[SOURCE MATERIAL]
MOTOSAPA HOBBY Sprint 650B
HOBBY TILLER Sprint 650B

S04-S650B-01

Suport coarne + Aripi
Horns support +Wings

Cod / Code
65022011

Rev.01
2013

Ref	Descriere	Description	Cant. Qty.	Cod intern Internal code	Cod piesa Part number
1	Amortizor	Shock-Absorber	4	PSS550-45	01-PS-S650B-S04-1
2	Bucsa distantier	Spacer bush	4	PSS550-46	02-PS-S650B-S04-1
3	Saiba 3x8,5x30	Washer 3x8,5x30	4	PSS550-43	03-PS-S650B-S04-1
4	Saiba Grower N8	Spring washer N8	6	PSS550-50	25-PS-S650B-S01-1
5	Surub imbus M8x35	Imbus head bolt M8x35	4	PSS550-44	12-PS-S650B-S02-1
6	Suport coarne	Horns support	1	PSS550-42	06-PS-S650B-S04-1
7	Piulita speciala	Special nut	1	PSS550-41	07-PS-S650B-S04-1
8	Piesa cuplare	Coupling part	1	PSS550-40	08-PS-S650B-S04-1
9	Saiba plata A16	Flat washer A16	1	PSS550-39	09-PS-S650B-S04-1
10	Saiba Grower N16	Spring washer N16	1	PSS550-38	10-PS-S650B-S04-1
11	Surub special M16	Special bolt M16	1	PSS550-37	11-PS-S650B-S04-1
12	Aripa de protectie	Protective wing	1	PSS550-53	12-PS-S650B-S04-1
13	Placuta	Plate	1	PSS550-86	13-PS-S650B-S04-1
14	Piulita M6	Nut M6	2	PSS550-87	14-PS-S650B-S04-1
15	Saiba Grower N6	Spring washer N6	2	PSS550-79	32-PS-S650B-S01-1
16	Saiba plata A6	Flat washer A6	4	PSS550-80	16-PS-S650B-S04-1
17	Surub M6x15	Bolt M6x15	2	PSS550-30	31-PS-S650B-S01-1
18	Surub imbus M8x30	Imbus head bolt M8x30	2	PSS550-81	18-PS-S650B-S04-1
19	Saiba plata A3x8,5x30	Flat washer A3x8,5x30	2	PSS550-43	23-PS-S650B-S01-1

---

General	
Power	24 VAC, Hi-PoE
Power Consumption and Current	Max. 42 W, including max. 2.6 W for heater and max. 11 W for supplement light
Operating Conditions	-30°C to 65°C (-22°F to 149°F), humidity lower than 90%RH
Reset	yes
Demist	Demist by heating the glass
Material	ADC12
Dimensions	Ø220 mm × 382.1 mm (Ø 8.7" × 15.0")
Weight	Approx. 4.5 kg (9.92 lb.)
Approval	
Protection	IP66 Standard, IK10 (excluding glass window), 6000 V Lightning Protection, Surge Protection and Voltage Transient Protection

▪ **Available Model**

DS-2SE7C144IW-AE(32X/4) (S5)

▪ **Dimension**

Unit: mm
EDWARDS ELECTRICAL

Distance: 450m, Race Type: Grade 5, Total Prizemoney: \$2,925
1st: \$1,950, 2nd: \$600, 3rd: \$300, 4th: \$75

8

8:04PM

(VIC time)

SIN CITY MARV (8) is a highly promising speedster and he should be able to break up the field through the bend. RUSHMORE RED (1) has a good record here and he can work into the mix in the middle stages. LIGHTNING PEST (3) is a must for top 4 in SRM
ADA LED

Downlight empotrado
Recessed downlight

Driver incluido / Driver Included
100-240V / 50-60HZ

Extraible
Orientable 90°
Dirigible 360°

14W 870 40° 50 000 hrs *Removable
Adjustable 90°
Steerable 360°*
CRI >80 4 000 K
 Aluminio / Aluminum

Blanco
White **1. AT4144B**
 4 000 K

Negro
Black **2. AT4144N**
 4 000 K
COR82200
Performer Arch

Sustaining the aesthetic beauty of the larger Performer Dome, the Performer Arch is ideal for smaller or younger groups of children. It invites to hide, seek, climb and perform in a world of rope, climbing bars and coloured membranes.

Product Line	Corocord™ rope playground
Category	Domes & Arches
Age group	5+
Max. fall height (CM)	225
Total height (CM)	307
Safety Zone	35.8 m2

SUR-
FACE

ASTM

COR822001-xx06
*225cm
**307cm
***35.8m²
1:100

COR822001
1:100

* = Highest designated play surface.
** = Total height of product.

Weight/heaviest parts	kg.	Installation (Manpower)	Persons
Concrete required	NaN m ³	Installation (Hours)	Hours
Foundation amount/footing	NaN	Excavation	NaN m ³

[PROBLEM STATEMENT] Read each line of the material, and wherever the word "Sprint" turns up, copy that line.

[SOLUTION TO THE PROBLEM]
MOTOSAPA HOBBY Sprint 650B
HOBBY TILLER Sprint 650B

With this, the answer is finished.